Como critério de inclusão foram consideradas as PVHIV acompanhadas pelo serviço especializado e pelo setor de saúde mental, com notificação entre os anos de 2019 a 2023, que estejam com TARV regular com tempo do diagnóstico > que 6 meses. Como critério de exclusão serão desconsiderados aqueles usuários que não possuem acompanhamento com o serviço de atenção à saúde mental e que não estejam em tratamento regular, com notificação anterior à 2019. Serão excluídos também as PVHIV com o tempo de diagnóstico < que 6 meses ou que ainda não tenham iniciado o TARV.
Foi enviada à SESAU junto ao SAE/CTA a solicitação do mesmo como campo de pesquisa e sua devida autorização foi anexada aos documentos que foram enviados ao Comitê de Ética e Pesquisa, obtendo a aprovação deste e iniciando os levantamentos de dados.
Previamente, as pesquisadoras se apresentaram ao gestor da unidade, elucidando como seria realizada a pesquisa proposta, desempenhada pela análise dos prontuários de saúde dos pacientes que, além do tratamento antirretroviral, também estejam tratando algum tipo de transtorno mental, garantindo o sigilo aos nomes dos usuários que são atendidos pelo serviço.
Foi executada a análise detalhada dos documentos, buscando observar em quais determinantes populacionais são mais acometidos pela prevalência do HIV e quais os transtornos mentais mais frequentes encontrados sob os registros físicos da unidade de assistência. As variáveis analisadas são os determinantes em saúde que os pacientes estão inseridos como idade, identidade de gênero, cor/raça, escolaridade, condição/ocupação e orientação sexual, além dos transtornos mais constantes como tempo de diagnóstico e se o tratamento segue regular, de acordo com os critérios de inclusão do estudo.

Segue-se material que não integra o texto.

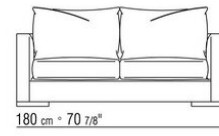

可选抱枕采用消毒鹅毛填充（获意大利羽绒羽毛制成品质量协会ASSOPIUMA金标认证）。选配的抱枕可根据要求提供定制，价格另计

支脚为光面透明甲基丙烯酸甲酯材质  
表面覆盖可拆卸布艺或不可拆卸皮革

---

Flexform

保留在任何时候对其产品进行其认为适当的改进或修改的权利，包括美学性质、技术性质、尺寸和材料等方面，恕不另行通知。

直排沙发

COD. 011U42

COD. 011U48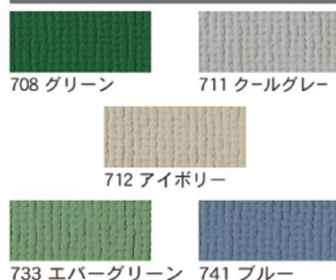

A R 連結ボード (18 mm厚)

受 運賃別途

取付具の位置

図のように取付具が既に装着された状態で出荷致します。

組立簡単！

クサビ形の取付具の組み合わせにより簡単に脱着できます。板面側の取付具をポール側の取付具にはめ込むだけで、ガタつき無くしっかりと組立できます。

両面有孔ボード

5Φ、30mm ピッチ

品番	板面寸法	有効板面寸法	価格(税抜)
ARU306	1800×900	1760×860	¥25,000
ARU406	1800×1200	1760×1160	¥33,600

■ アルミポールは別売りです。

両面ワンウェイ掲示板

表面材

■ 掲示板表面材色をお選びください。

品番	板面寸法	有効板面寸法	価格(税抜)
ARKU306	1800×900	1760×860	¥26,200
ARKU406	1800×1200	1760×1160	¥35,300

■ アルミポールは上別売りです。

アルミポール 22

A R U 連結ボード専用ポール

板面サイズ
1800 用

ベース脚
ARU22T18A ¥11,200
総高1914mm

■ 価格は全て1本での表記です。

Os dados foram coletados e armazenados diretamente no software Microsoft Excel, possuindo uma tabela específica para adição das informações selecionadas, fazendo uma correlação entre eles, para assim, projetar o perfil das pessoas que vivem com HIV.
Para análise dos dados foi realizado um levantamento dos transtornos mentais mais frequentes na população estudada correlacionando com as variáveis selecionadas para pesquisa. Esses dados foram armazenados no software de planilha Microsoft Excel versão 2021. Após atingir a saturação dos conteúdos documentais, os dados foram organizados de acordo com suas especificidades, buscando quantificar os mesmos. Por conseguinte, através de tabelas e gráficos do programa, foi possível a obtenção de resultados analíticos associando os danos à saúde mental aos determinantes sociais em saúde, a fim de traçar o perfil das PVHIV, evidenciando a importância no cuidado de pessoas soropositivas considerando suas vulnerabilidades e ao potencial de risco a danos psicológicos.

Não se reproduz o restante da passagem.